Despite running for 10 hours, the process did not complete and showed no signs of doing so even with extended time.

I experimented with various parameters, such as --max-extensions, --max-alignments, and --hard-hit-cap, but found that these adjustments had no effect and the samples continued to fail. However, when I modified the --rescue-algorithm parameter, I discovered that not using any rescue algorithm yielded unexpected results. Here is the log from a successful run of the same sample, with the only difference being the change in the --rescue-algorithm parameter (~/tools/vg giraffe -p -t 12 -A none --max-extensions 1600 -Z panMalus.d2.gbz -d panMalus.d2.dist -m panMalus.d2.min -f /ngsproject/qmyu/ncbi/public/re_sequence/2021_Plant_Biotechnol_J/rawreads/SRR14557116_1.fastq.gz -f /ngsproject/qmyu/ncbi/public/re_sequence/2021_Plant_Biotechnol_J/rawreads/SRR14557116_2.fastq.gz > SRR14557116.gam).:

Preparing Indexes Loading Minimizer Index Loading GBZ Loading Distance Index v2 Paging in Distance Index v2 Initializing MinimizerMapper Loading and initialization: 61.6039 seconds Of which Distance Index v2 paging: 1.47501 seconds Mapping reads to "-" (GAM) --watchdog-timeout 10 --match 1 --mismatch 4 --gap-open 6 --gap-extend 1 --full-l-bonus 5 --max-multimaps 1 --hit-cap 10 --hard-hit-cap 500 --score-fraction 0.9 --max-min 500 --num-bp-per-min 1000 --distance-limit 200 --max-extensions 1600 --max-alignments 8 --cluster-score 50 --pad-cluster-score 20 --cluster-coverage 0.3 --extension-score 1 --extension-set 20 --rescue-attempts 0 --max-fragment-length 2000 --paired-distance-limit 2 --rescue-subgraph-size 4 --rescue-seed-limit 100 --chaining-cluster-distance 100 --precluster-connection-coverage-threshold 0.3 --min-precluster-connections 10 --max-precluster-connections 50 --max-lookback-bases 100 --min-lookback-items 1 --lookback-item-hard-cap 15 --chain-score-threshold 100 --min-chains 1 --chain-min-score 100 --max-chain-connection 100 --max-tail-length 100 --max-dp-cells 16777216 --rescue-algorithm none Using fragment length estimate: 433.691 +/- 19.1175 Mapped 115609390 reads across 12 threads in 16840.4 seconds with 48.7877 additional single-threaded seconds. Mapping speed: 571.946 reads per second per thread Used 218606 CPU-seconds (including output). Achieved 528.848 reads per CPU-second (including output) Used 1164134888389127 CPU instructions (not including output). Mapping slowness: 10.0696 M instructions per read at 5325.26 M mapping instructions per inclusive CPU-second Memory footprint: 27.0476 GB

Based on this observation, could it be that the default --rescue-algorithm parameter is causing the warnings flagged by [vg::Watchdog] and leading to the failures? Additionally, I would like to inquire whether the Dozeu algorithm might be having an adverse effect when applied to samples with high sequencing depth.

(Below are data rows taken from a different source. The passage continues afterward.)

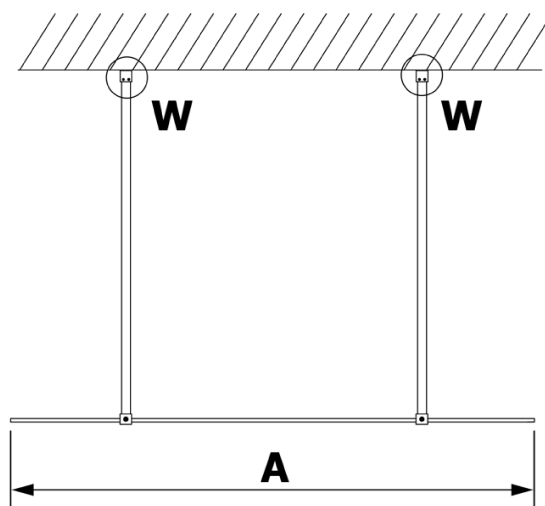

**VARIO GOLD MATT Walk-In Duschwand, freistehend,
Nordic Glas, 900 mm**

Bestellcode: GX1590-09

Grundinformation

Marke: Gelco
Serie: VARIO

Größe

Breite: 900 mm
Höhe: 2000 mm

Eigenschaften

Farbenprofil: Gold matt
Form: 1-Teilige Duschtrennung Walk
Glasfarbe: NORDIC - Glas
Glasbehandlung: Coatedglas
Glasdicke: 8 mm
Gewicht / Stück: 39.0 kg
Verpackung: 3 Stück
Garantie: 2 Jahre

Technisches Arbeitsblatt

MODEL	A
GX1470	679
GX1480	779
GX1490	879
GX1410	979
GX1411	1079
GX1412	1179
GX1413	1279
GX1414	1379
GX1570	679
GX1580	779
GX1590	879
GX1510	979
GX1511	1079
GX1512	1179
GX1514	1379
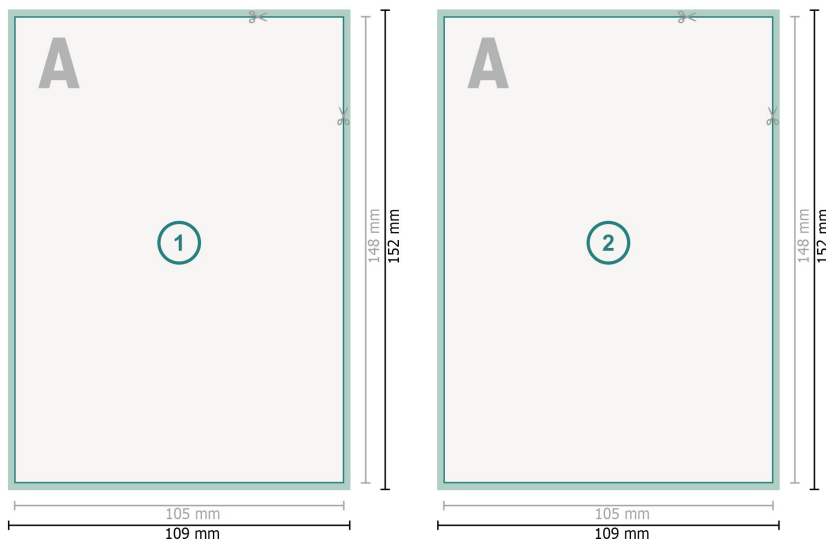

## Cartons d'invitation, format portrait, A6

**Format de données (incl. 2 mm fond perdu):**

10,9 x 15,2 cm

**fond perdu:**

2 mm

**Format final:**

10,5 x 14,8 cm

**Distance de sécurité:**

4 mm

distance entre le texte/les informations et le bord du format final. Ceci empêche d'entamer le motif.

**Explication des symboles**

 Fond perdu

 Sens de lecture

 Format final

 Format de données

 Nous découpons/perforons votre produit ici

---

**Remarque :**

Prévoir une marge de sécurité comme indiqué.

Placer les couleurs de fond, images ou graphiques jusqu'au bord du format de données.

Lors de la production, il peut y avoir des tolérances suite à la découpe ou au pli.
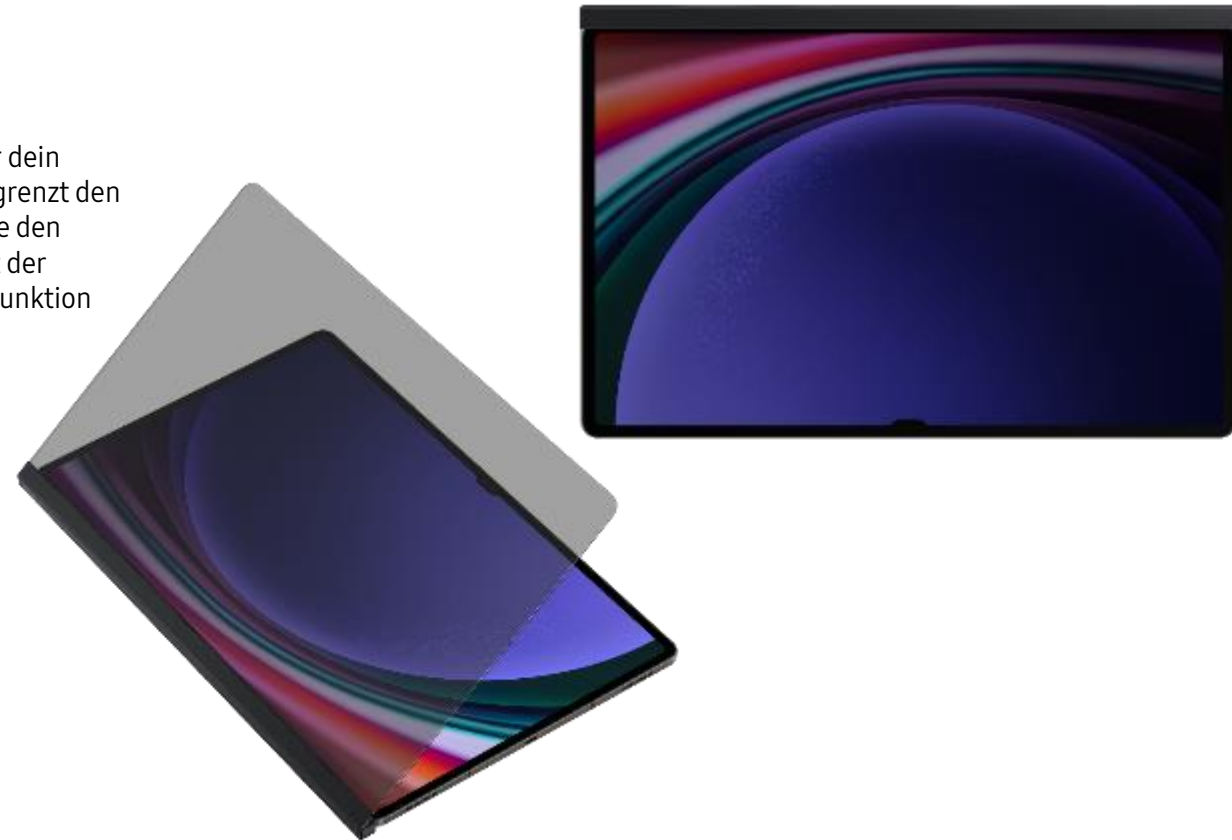

Privacy Screen EF-NX912

Schütze deine Privatsphäre

Schütze dich und deine Daten vor fremden Blicken mit dem Privacy Screen, einem Blickschutzfilter für dein Galaxy Tab 10 Ultra | Tab S9 Ultra. Arbeite im Querformat an deinem Tablet und der Privacy Screen begrenzt den Betrachtungswinkel auf +/- 30 Grad und bietet so einen guten Blickschutz vor fremden Blicken. Bringe den Privacy Screen einfach über Magnete an der Seite deines Tablets an. Du kannst den Privacy Screen mit der Rückseite des Book Cover Keyboard* oder Smart Book Cover* kombinieren und es so mit der Aufstellfunktion nutzen. So wie du es gerade brauchst.

- Blickschutz zum Schutz deiner Daten
- Begrenzung des Betrachtungswinkels auf +/- 30 Grad im Querformat
- Kompatibel mit dem Fingerabdruckscanner
- Kombinierbar mit der Rückseite des Book Cover Keyboards oder Smart Book Covers*
- Kompatibel mit Galaxy Tab S10 Ultra | Tab S9 Ultra

● Black

* Book Cover Keyboard/ Smart Book Cover nicht im Lieferumfang des Privacy Screen enthalten
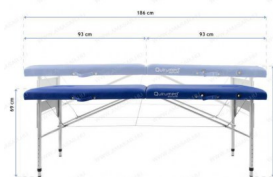

## 2 ZÓNÁS ALUVÁZÁS MASSZÁZSÁGY 186X66CM FEKETE

2 zónás aluvázás masszázsságy 186x66 cm (fekete)

Közkedvelt méret? 2 zónás aluvázás masszázsságy termékünk, melyhez ajándék fekete szín?, vállra akasztható "L"-es méret? hordtáskát adunk és ingyenes kiszállítjuk Magyarország területén. A könnyen összecsukható és hordozható masszázsságy teljes felszereléssel is ~14,4 kg. Erre a masszázsságyra tudunk egészségpénztári számlát kiállítani. Ez a termék kiválóan alkalmas kozmetikai kezel?- vagy tetováló ágynak.

## 2 zónás aluvázás masszázsszék 186x66cm (fekete)

---

Gyártó [QUIRUMED](#)

#### Masszázsszék általános jellemzői:

- 2 zónás aluvázás, összecusukható és hordozható masszázsszék
- több magassági lehetőség: 69-84 cm
- nagy erősségű fémhuzal a stabilitásért
- Eco-bőr felület: ellenáll a víznek és olajnak
- 4 gumi aljzatú láb
- 2 erősségű fogantyú az asztal kibontásához és összecusukásához

#### Méretek:

- Hossz : 186 cm
- Fejtámasz hossza : kb. 28 cm
- Teljes hossz fejtámaszsal : kb. 214 cm
- Szélesség : 66 cm
- Kartámasz szélessége: 12cm
- Szélesség kartámaszsal: 90cm
- Állítható magasság : 69-84 cm
- Vastagság : 8 cm
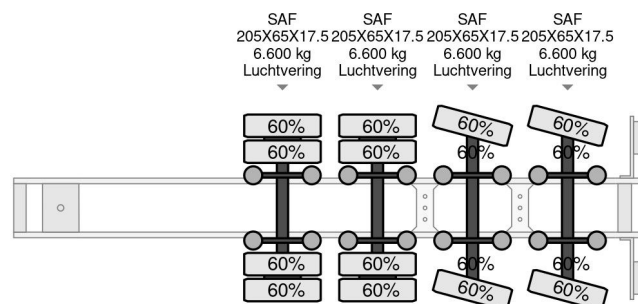

Nootboom 4 Assige dieplader, 6,4 M Uitschuifbaar, laatste 2 gestuurd

COMMON

Price	On request ex VAT
Id	NO000795-G
Make	Nootboom
Type	4 Assige dieplader, 6,4 M Uitschuifbaar, laatste 2 gestuurd
Year	2008
Construction	Low loader
Gross weight	47.600 kg

PROPERTIES

First registration date	23-05-2008
Mot expiry date	19-06-2024
License plate	OK-88-KP
Vehicle identification number	XMR0SD00081000795
Axle count	4
Weight	11.200 kg
Wheelbase	2.000 cm
Construction dimensions (l/b/h)	
Load capacity	36.400 kg
Width	254 cm

ACCESSORIES

- Anti-lock braking system

Nootboom 4 Assige dieplader, 6,4 M Uitschuifbaar, laatste 2 ...

Referentienummer: NO000795-G

DESCRIPTION

I would greatly appreciate any insights or suggestions you might have regarding this issue.

Best regards,

Bo-Cheng Guo

polchan avatar Aug 07 '24 02:08 polchan

Hi, it could be the same problem https://github.com/vgteam/vg/issues/4207. I have solved this problem.

zhangyixing3 avatar Aug 07 '24 04:08 zhangyixing3

May be you could filter more samples from clip pangenome graph ,for example d5 or d8.

zhangyixing3 avatar Aug 07 '24 04:08 zhangyixing3

Hi, it could be the same problem #4207. I have solved this problem.

@zhangyixing3 Thanks your reply. I have been exploring various solutions to address the issue at hand. Specifically, I attempted renaming the graph, distance, and minimizer files and tested both on a local server and a HPC cluster. Unfortunately, these changes did not resolve the problem.

It was not until I modified the --rescue-algorithm parameter that I observed a significant improvement. Previously, I had been using the default Dozeu algorithm. By opting not to use any rescue algorithm (i.e., setting -A none), the samples that had previously failed to process were successfully computed into GAM files without triggering warning[vg::Watchdog].

Therefore, I suspect that the Dozeu rescue algorithm may be responsible for triggering the warning[vg::Watchdog].In particular, this issue may lead to program failures when dealing with sequencing files of high depth.

polchan avatar Aug 07 '24 06:08 polchan

In my opinion,some reads differ too much from the reference genome or map to complex regions. Giraffe executes the rescue-algorithm to handle such situations. You might find that some data is difficult to map, for example Thread 1 finally checked out after 62309 seconds and 0 kb memory growth processing: SRR19465.19470728, SRR19465.19470728 . Setting -A none directly might be another solution.

zhangyixing3 avatar Aug 07 '24 07:08 zhangyixing3

@zhangyixing3 In fact, all my samples belong to the same species, and the graph I used includes these species as well, making it unlikely that the issue is due to significant differences. Admittedly, I have not tested GSSW, so I cannot comment on its performance. Overall, I believe that the Dozeu algorithm may have issues with processing certain samples.

polchan avatar Aug 07 '24 13:08 polchan

I think the specific issue here is the complexity of the rescue subgraph.

When Giraffe can find a good alignment for one read but not the pair, it extracts a subgraph at approximately the right distance from the aligned read. Then it tries to align the pair to the subgraph using a simplified version of the Giraffe aligner. We have some safeguards for too large subgraphs and for having too many seeds in the subgraph, but not for complex subgraphs.

Out of the two rescue algorithms, dozeu is faster but uses heuristics. GSSW is slower but always finds the best alignment. Neither of them is haplotype-aware, and both of them require that the graph they are aligning to is acyclic. If the (relevant part of) the rescue subgraph contains cycles, it will be transformed into an equivalent DAG. And if the rescue subgraph is complex, the DAG can be very large and aligning the read to it can be slow.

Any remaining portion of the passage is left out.